Maybe it’s growing up in London, maybe it’s growing up with a mother with legs approximately three times the length of mine, maybe it’s forever being in a rush thanks to my unbounded talent for procrastination, but I have a *thing* about walking quickly.

This is apparently not a thing common to many people in Oxford. Just now as I was walking to Tesco I nearly mowed down an old man, a woman and her toddler, and a dazed looking student. And that was all before I even got in there and had to deal with hordes of people so slow that they were almost going backwards.

Don’t get me wrong, I’m not an awful person who sends people flying in the street, I just don’t understand the general insistence on moving at a snail’s pace. Do people not realise that if you just move faster you’ll reach your destination sooner? (Groundbreaking stuff, I know).


Is that Satan I spy?

If Tesco on a Wednesday afternoon isn’t enough to send me into a Bacchic rage, tearing people limb from limb, then Cornmarket on the weekends certainly is. Lost and curious tourists, relaxed window shoppers, and hungover, dazed and confused students combine to create a realistic vision of Hell on earth. Trying to move anywhere at a reasonable pace is a feat of Herculean proportions and sends my heart rate soaring, palms twitching and itching to forcibly remove anyone in my way. (I said I don’t send people flying, not that I’m not tempted to).
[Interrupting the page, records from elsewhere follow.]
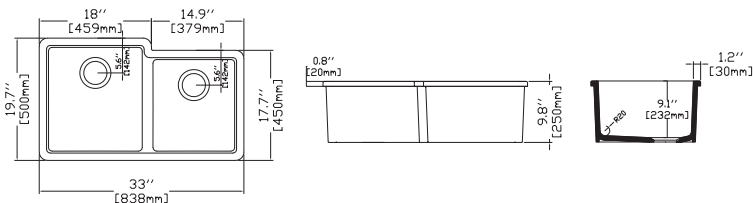

PESCARA 33" Overflow , Double Bowl , Asymmetric , Matte White

10PD82284-2L	Undermount Kitchen Sink
38TP02101	Sink Strainer, chrome, X2 (Optional)
60GR0709	Metal Grid (Optional X1)
60GR0711	Metal Grid (Optional X1)

Features

33" W x 20" D

- Undermount
- Fine Fireclay Material
- Double Bowl
- With Overflow Hole
- 10 years warranty
- For drop-in version orders, please add variant no 6 at the end of the code

I refuse to believe that I’m alone in feeling the stress of dealing with the preponderance of slow walkers. We might be a minority, but we exist, and we need our voices heard. So for the sake of the reasonable among us, we need to open up discussion on how best to deal with this menace blockading our streets, stealing our time and raising our heart rates.

Forget the monorail, maybe the next OUSU Pres hopeful should run on a promise of a designated fast lane for those of us who have places to be and things to do. Even if that place is my bed and that thing is watching Pretty Little Liars and pretending finals aren’t a thing, Pret posh cheese and pickle baguette in hand. A little efficiency never killed anybody now did it? Walking slowly in front of me however…

And so, good people of Oxford, I implore you to please hurry the fuck up – my sanity (and your safety) might just depend on it. 

This article has 7 comments

  1. Why does this article exist?

  2. Tfw Versa has become just another boring student paper

  3. i comment on every versa article :))

  4. pete, honestly stop its so embarrassing

Leave a comment

Your email address will not be published. Required fields are marked *


Optionally add an image (JPEG only)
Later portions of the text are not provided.